I have a complicated struct that has multiple generic type parameters. But some simpler init calls don't need to specify them all. Ideally the caller of the simpler init wouldn't have to think about these type parameters.

Boiled down:

struct FancyThing<X, Y, Z> {
    let x: X
    let ys: [Y]
    let zs: [Z]
    init(x: X, ys: [Y], zs: [Z]) {
        self.x = x; self.ys = ys; self.zs = zs
    }
    
    /// A simplified init
    init(y: Y) {
        self.init(x:10 as!
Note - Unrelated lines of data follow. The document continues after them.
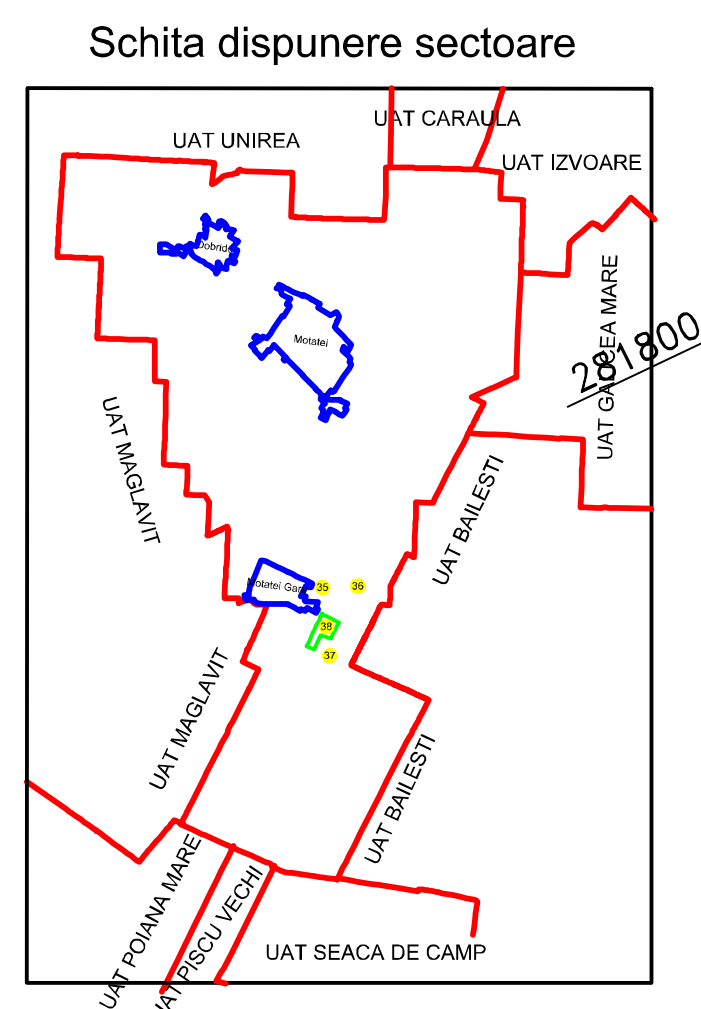

Soseaua Garii (Dj 561A)

Motatei Gara

Soseaua Garii (Dj 561A)

PLAN CADASTRAL
UAT MOTATEI, JUDEȚUL DOLJ
Sector 38
 SCARA 1:1000, sistem de proiecție STEREO 70
 SPRE PUBLICARE

- LEGENDA**
- Limita UAT
 - Limita UAT vecine
 - Limita judet
 - Limita sector cadastral
 - Limita intravilan
 - Limita tarla
 - 38 Numar Sector
 - 37 Numar tarla
 - T130, T131, T132, T133, T134 Toponimie
 - Hidrografie
 - Limite constructii definitive
 - UAT
 - MOTATEI Localități

Executant,
 S.C.TOPOMILENIUM S.R.L
 ANCP: II, DJ, 1652
 BOTEA CRISTIAN RADU
 ANCP: A, DJ, 1895
 Data: 10.01.2023
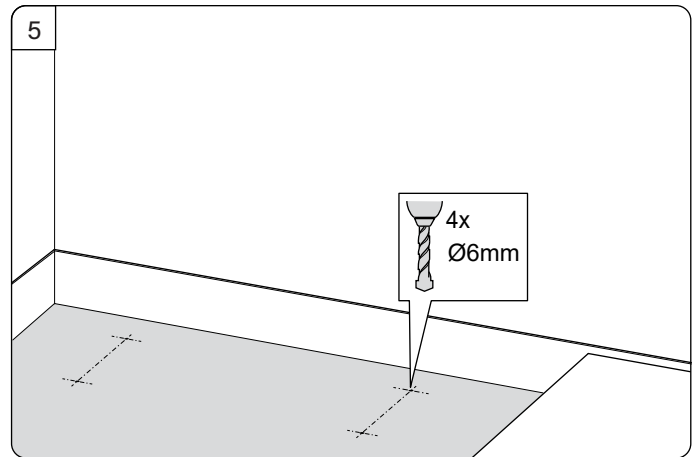

# KESSEL Duschrinne *Linearis Compact Aufsatzstück System 100*

Shower channel *Linearis Compact upper section System 100* • Caniveau de douche *Linearis Compact rehausse Système 100* • Canaletta *Linearis Compact rialzo Sistema 100* • Douchegoot *Linearis Compact opzetsuk Systeem 100* • Odpływ prysznicowy *Linearis Compact nasada System 100*
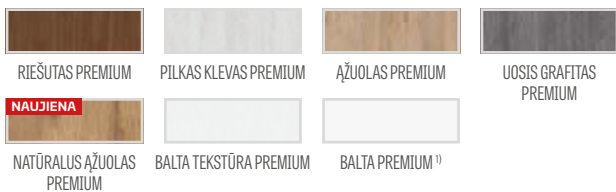

KAMELIA 6

KAMELIA 7

KAMELIA 8

KAMELIA 1 modelis su UOSIO GRAFITO PREMIUM laminatu ir matinio šlifuito chromo CUBE rankena

GREKO

177,60 Eur* / 214,90 Eur**

PREMIUM

200,10 Eur* / 242,12 Eur**

CPL

200,10 Eur* / 242,12 Eur**

GREKO ir CPL laminato MDF rėmas su AntiFinger danga **NAUJIENA**

PREMIUM ir CPL laminato klijuotos medienos rėmas be AntiFinger dangos

KONSTRUKCIJA

- STILE rėminės technologijos užlaidinė arba lygiabriaunė varčia
- vertikalus MDF plokštės rėmas su GREKO ir CPL laminatu ir vertikalus klijuotos sluoksniuotos medienos rėmas, dengtas plona HDF plokšte ir PREMIUM arba CPL laminatu be AntiFinger sluoksniu **NAUJIENA**
- 4 mm storio HDF plokštės įsprūdės, padengtos GREKO, CPL arba PREMIUM laminatu
- pasirinktinai, už papildomą mokestį, viršutinės staktą praplečiančios plokštės – 134 psl. **NAUJIENA**

X, ys:[y], zs:[true, false] as! [Z])
    }
}

let thing0 = FancyThing(x:1, ys:[1,2], zs:["a", "b"])
print(thing0)
// But now the user has to declare these implementation details (Int, Bool)
let thing1 = FancyThing<Int,Double,Bool>(y: 3.14)
// I'd like to write simply:
let thing1 = FancyThing(y: 3.14)  // Does not compile.
print(thing1)

Is a helper function like this the only way to do it?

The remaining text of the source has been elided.